**INPUT FOR THIS TASK**
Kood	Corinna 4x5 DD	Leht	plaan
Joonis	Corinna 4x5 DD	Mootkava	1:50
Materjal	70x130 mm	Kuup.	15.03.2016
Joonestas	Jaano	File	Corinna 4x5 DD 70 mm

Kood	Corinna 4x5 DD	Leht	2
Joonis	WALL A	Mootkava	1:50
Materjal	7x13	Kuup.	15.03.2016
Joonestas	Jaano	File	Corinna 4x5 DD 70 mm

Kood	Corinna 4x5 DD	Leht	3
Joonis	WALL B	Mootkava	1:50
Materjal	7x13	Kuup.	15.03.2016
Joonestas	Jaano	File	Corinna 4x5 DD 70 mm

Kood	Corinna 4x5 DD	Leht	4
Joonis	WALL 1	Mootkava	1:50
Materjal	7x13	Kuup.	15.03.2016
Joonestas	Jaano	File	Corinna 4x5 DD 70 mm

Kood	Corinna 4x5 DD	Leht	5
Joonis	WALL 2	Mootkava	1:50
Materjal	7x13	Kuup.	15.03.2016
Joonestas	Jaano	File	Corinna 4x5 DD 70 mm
--
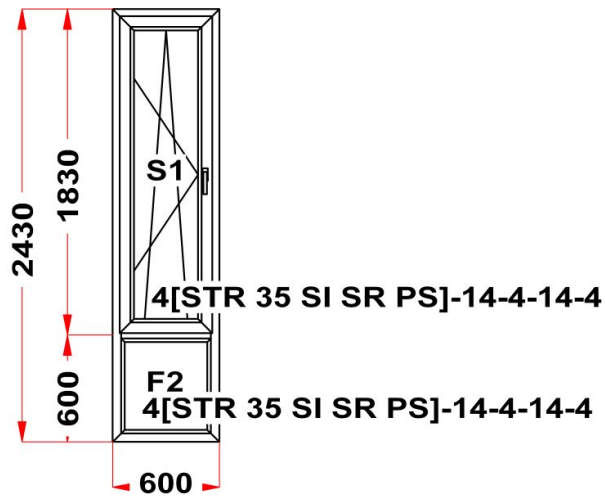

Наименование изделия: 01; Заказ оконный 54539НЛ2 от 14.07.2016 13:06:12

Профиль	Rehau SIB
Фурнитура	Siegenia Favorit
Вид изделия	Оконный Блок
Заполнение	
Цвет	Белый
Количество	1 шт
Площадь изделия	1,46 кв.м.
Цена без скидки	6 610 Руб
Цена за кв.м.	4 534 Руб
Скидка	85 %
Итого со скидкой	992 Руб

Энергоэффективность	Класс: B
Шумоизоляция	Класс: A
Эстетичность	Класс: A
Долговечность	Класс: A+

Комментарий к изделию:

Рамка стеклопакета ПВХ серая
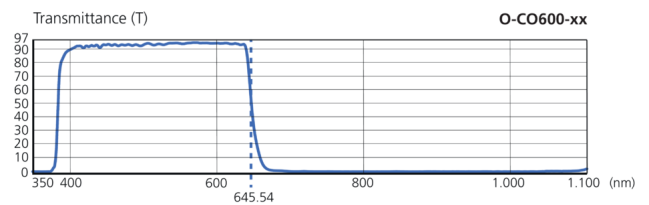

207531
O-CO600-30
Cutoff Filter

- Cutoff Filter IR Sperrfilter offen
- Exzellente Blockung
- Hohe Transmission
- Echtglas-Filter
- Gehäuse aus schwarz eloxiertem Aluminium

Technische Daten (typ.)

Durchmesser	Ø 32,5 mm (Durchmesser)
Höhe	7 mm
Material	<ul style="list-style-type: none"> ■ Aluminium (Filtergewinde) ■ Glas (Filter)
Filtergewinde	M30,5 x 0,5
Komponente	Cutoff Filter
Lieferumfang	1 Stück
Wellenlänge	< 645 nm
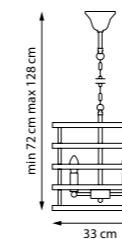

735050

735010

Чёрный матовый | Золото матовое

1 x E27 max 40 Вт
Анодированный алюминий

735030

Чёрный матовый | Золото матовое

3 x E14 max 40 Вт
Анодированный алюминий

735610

**PROBLEM STATEMENT**
Scan the entries for lines with the word "Цена". The number of such lines is the whole answer.

**SOLVED EXERCISE**
2